Eligibility Criteria
Inclusion Criteria: * (1) Age ≥ 18 years (2) Primary IgA nephropathy confirmed by renal-biopsy pathology within the past 2 weeks (3) eGFR ≥ 20 mL/min/1.73 m² (4) 24-hour urinary protein 0.5-3.5 g/day (5) Patient has been fully informed, agrees to receive supportive care plus budesonide enteric-coated capsules, and has signed the informed-consent form Exclusion Criteria: * (1) Secondary IgAN attributable to, but not limited to, Henoch-Schönlein purpura, systemic lupus erythematosus, liver cirrhosis, rheumatoid arthritis, or ankylosing spondylitis (2) Previous renal transplantation or current dialysis (3) Co-existing glomerular disease on biopsy (e.g., C3 glomerulopathy, diabetic nephropathy) or nephrotic syndrome (4) Acute, chronic, or latent infection, including hepatitis, tuberculosis, HIV, or chronic urinary-tract infection (5) Type 1 or type 2 diabetes with poor control (HbA1c \> 9 %) (6) History of unstable angina, NYHA class III/IV congestive heart failure, or clinically significant arrhythmia (7) Uncontrolled hypertension (systolic ≥ 160 mmHg or diastolic ≥ 90 mmHg) (8) Malignancy diagnosed within the past 5 years (9) Known glaucoma, cataract, or history of cataract surgery (10) Gastro-intestinal disorders that may interfere with drug release or efficacy (peptic-ulcer disease, inflammatory bowel disease, chronic diarrhea) (11) Previous severe adverse reaction to corticosteroids, including psychotic symptoms (12) Concomitant use of potent cytochrome P450 3A4 (CYP3A4) inhibitors (13) Pregnancy, lactation, or unwillingness to use highly effective contraception during treatment and the 3-month follow-up (applies to women of child-bearing potential) (14) Patients whom the investigator deems unsuitable for budesonide enteric-coated-capsule therapy
Frequently Asked Questions
Who can join the NCT07585981 clinical trial?

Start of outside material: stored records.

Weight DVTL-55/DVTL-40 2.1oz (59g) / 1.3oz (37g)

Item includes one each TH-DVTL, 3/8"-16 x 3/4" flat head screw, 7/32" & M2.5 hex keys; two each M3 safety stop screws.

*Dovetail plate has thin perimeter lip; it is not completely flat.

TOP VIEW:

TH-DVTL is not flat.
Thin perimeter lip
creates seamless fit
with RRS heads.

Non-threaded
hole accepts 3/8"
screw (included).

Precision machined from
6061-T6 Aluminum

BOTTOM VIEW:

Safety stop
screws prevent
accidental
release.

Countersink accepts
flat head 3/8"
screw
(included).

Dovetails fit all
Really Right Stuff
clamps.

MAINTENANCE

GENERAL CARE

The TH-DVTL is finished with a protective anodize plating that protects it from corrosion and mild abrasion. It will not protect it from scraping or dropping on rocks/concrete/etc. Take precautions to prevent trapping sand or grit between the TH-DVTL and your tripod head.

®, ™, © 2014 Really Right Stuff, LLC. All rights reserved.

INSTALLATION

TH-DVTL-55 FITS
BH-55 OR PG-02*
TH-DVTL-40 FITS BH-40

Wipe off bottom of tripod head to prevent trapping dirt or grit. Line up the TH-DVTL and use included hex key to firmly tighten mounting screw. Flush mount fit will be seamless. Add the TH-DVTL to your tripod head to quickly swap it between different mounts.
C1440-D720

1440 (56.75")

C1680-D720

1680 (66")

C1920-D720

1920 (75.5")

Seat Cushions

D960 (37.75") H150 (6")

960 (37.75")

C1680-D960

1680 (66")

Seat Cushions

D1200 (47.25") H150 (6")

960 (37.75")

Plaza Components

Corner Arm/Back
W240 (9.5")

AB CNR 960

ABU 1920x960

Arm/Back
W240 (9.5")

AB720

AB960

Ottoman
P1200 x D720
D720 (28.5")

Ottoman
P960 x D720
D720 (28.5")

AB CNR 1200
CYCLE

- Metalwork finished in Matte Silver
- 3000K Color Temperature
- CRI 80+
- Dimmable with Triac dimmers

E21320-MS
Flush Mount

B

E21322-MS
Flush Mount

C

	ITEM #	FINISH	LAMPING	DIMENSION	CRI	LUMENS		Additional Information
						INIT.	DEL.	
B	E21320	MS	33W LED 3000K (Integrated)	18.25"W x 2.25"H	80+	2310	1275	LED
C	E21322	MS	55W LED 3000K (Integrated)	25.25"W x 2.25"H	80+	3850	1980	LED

This trial is open to participants of all sexes, aged 18 Years or older, studying IgA Glomerulonephritis. Full inclusion and exclusion criteria are listed in the Eligibility Criteria section. Always confirm your eligibility with the research team before applying.

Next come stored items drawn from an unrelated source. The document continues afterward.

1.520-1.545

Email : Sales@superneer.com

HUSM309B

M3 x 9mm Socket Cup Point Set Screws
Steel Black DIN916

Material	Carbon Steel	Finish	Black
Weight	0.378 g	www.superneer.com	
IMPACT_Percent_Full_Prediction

Is NCT07585981 currently recruiting?
Yes, NCT07585981 is actively recruiting participants. Visit ClinicalTrials.gov or contact Chinese PLA General Hospital to inquire about joining.
Where is the NCT07585981 trial being conducted?
This trial is being conducted at Beijing, China.
Who is sponsoring the NCT07585981 clinical trial?
NCT07585981 is sponsored by Chinese PLA General Hospital. The trial plans to enroll 30 participants.